To deal with pollution, a variety of methods (physical and chemical) are available. Due to their high cost and low effectiveness, most of them are of limited use. Physical methods are time-consuming and expensive, whereas chemical alternatives are inherently dangerous. Natural solutions are safe and effective, although they are sluggish and becoming less effective as a result of industrialization’s rapid pollution buildup and nonbiodegradable synthetic materials [11, 12]. Bioremediation is gradually becoming the standard method for restoring contaminated with heavy metals because it is efficient and cost-effective technology for the transformation of contaminants [13,14,15]. Biodegradation is a series of chemical reactions that occur in the presence of living organisms such as bacteria, fungi, yeast, algae, and insects in an environment with optimal light, temperature, and oxygen [20]. Microbes mitigate heavy metals and improve soil fertility, and plant development makes them more preferable source for bioremediation.

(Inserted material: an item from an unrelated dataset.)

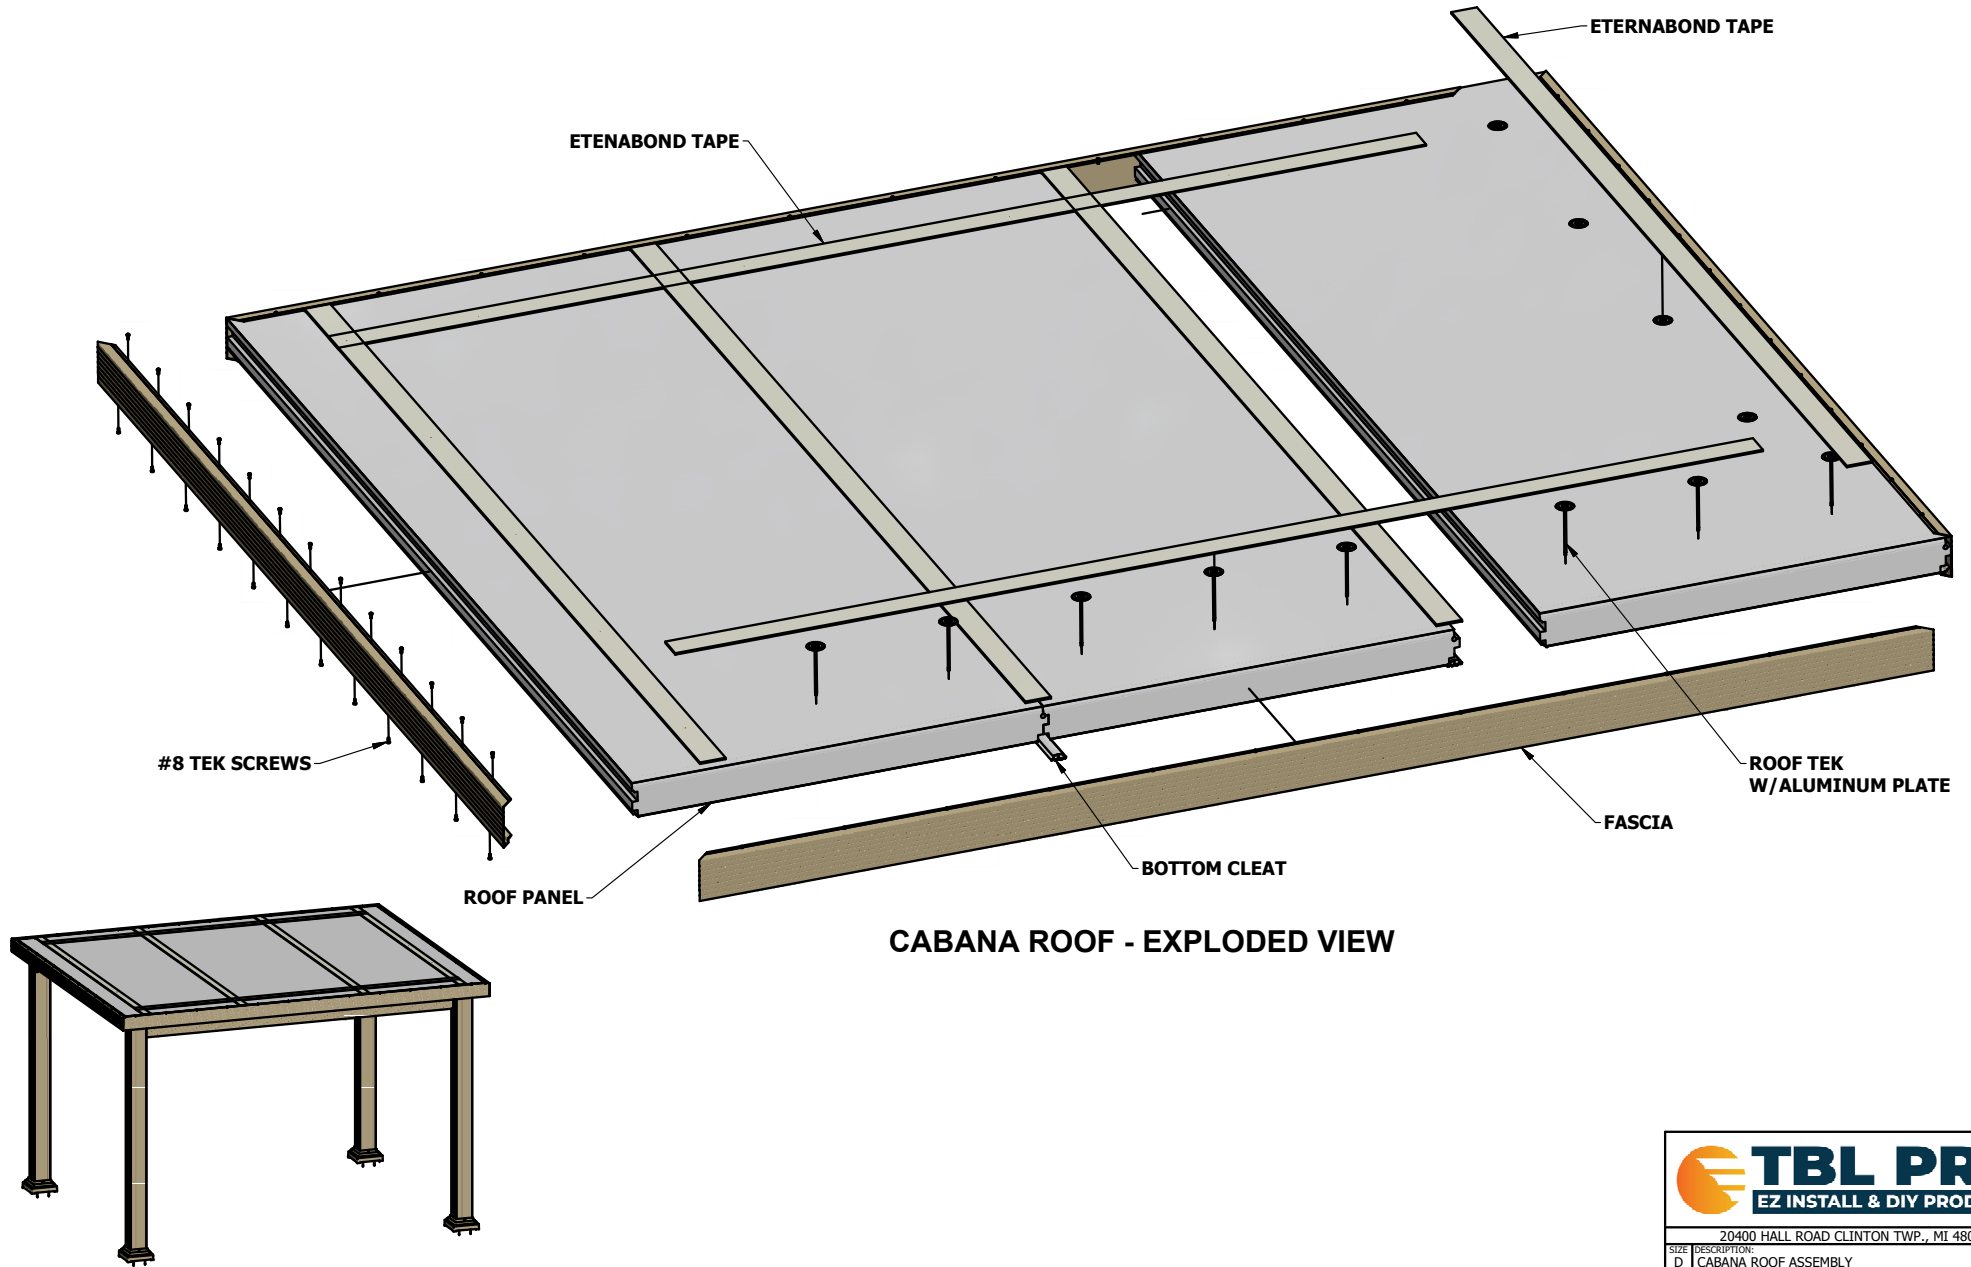

# CABANA ROOF ASSEMBLY GUIDE

CABANA ROOF - EXPLODED VIEW

20400 HALL ROAD CLINTON TWP., MI 48038  
SIZE DESCRIPTION: D CABANA ROOF ASSEMBLY REV: A  
SCALE: NONE DATE: 6/23/2020 © TEMO SUNROOMS INC. 2019 SHEET 1 OF 1

The molecular nature, gene and enzyme induction, metabolite production, growth efficiency, and survival rate all influence individual bacteria’ potential to act as bioremediation agents [21]. At higher moisture rate, anaerobic condition persists which slow down the degradation rate. In cold condition, microbial degradation of heavy metal is slow, as metabolic activities are inhibited as the microbial transport routes are frozen by the sub-zero water [22, 23]. Similarly, at higher temperature, the rate of heavy metal solubility increases, which increases their availability and the rate of microbial biodegradation [24]. The rate of microbial biodegradation is determined by the metal or pollutant’s chemical structure, bioavailability, concentration, toxicity, and stability. The degradation of the n-alkanes is more effortless in comparison to the branched alkanes, aromatics with low molecular weight, hydrocarbons with high molecular weight, and the asphaltenes [25]. Molecular mechanisms play a crucial role in deciphering the microbial metabolism, genes, characteristics, variety, and fluctuations of microorganisms engaged in microbial remediation. Metabolic and protein analysis, sequencing, and the utilization of sophisticated bioinformatics tools are specifically employed to decipher the various categories of microorganisms and the factors influencing them in the bioremediation process [23].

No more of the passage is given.